=== DATA FOR REVIEW ===

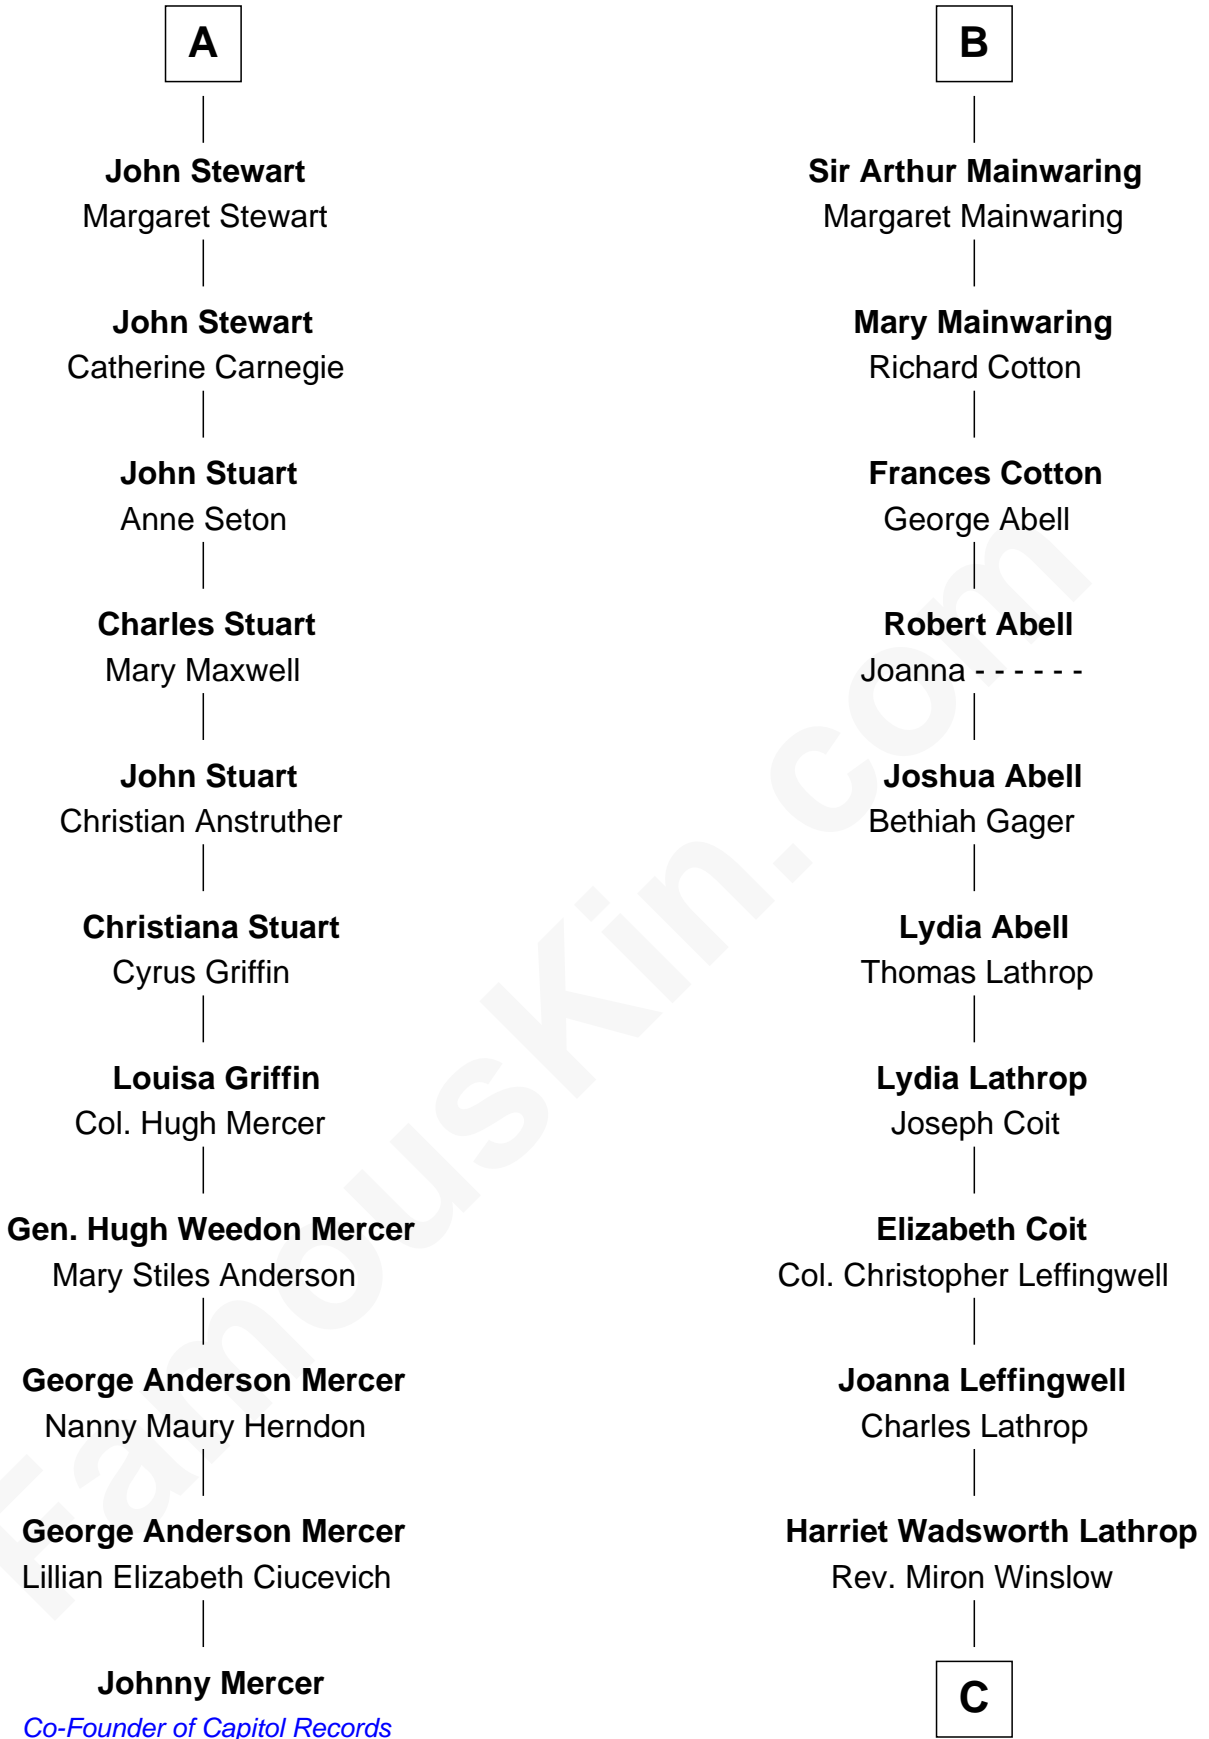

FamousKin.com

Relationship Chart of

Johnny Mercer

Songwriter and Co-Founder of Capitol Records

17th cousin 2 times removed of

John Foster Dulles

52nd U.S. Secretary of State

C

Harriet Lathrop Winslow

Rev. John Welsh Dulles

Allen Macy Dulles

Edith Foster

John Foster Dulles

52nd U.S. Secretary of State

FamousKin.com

===
=== DATA FOR REVIEW ===

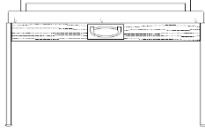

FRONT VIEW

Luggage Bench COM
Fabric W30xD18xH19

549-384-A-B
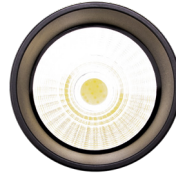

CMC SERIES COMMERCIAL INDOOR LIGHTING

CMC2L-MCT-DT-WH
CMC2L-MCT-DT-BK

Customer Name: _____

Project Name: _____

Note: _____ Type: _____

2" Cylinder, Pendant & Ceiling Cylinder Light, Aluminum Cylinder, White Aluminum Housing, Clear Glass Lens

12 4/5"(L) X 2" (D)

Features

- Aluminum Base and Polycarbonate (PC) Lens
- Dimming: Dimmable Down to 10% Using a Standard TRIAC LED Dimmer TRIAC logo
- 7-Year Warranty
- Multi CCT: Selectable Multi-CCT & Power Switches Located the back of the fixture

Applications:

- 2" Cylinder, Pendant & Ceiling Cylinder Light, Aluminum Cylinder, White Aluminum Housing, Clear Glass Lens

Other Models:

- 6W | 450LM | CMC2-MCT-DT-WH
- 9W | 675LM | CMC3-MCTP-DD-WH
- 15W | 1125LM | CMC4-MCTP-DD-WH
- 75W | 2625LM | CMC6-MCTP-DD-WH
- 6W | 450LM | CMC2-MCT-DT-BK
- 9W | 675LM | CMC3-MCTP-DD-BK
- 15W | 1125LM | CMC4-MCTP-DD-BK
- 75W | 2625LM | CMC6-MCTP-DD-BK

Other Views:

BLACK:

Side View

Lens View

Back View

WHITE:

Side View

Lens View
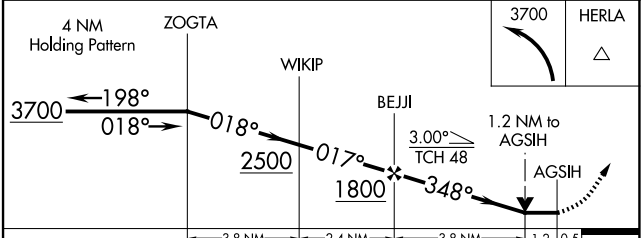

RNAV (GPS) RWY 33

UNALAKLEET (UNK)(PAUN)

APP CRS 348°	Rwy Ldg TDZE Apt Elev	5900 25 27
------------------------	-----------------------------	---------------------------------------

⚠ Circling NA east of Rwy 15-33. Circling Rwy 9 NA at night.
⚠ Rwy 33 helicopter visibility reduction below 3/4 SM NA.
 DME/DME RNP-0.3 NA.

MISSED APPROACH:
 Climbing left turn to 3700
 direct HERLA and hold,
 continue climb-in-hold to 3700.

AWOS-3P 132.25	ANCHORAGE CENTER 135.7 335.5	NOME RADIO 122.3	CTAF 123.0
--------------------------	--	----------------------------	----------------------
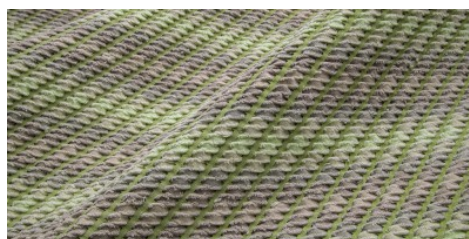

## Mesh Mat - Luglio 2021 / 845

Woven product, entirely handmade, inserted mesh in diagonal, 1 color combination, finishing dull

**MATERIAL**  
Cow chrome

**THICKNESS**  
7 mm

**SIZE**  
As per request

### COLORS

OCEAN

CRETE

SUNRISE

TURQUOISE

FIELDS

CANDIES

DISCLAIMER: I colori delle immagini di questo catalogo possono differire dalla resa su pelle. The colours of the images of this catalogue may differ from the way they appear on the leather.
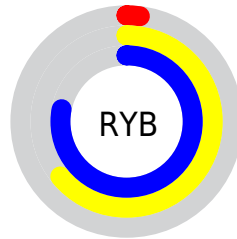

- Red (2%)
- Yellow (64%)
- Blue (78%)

===

TASK TO COMPLETE ▸
For each line in the data that holds the word "Pendant", copy the line.

WRITTEN RESPONSE ▸
2" Cylinder, Pendant & Ceiling Cylinder Light, Aluminum Cylinder, White Aluminum Housing, Clear Glass Lens
- 2" Cylinder, Pendant & Ceiling Cylinder Light, Aluminum Cylinder, White Aluminum Housing, Clear Glass Lens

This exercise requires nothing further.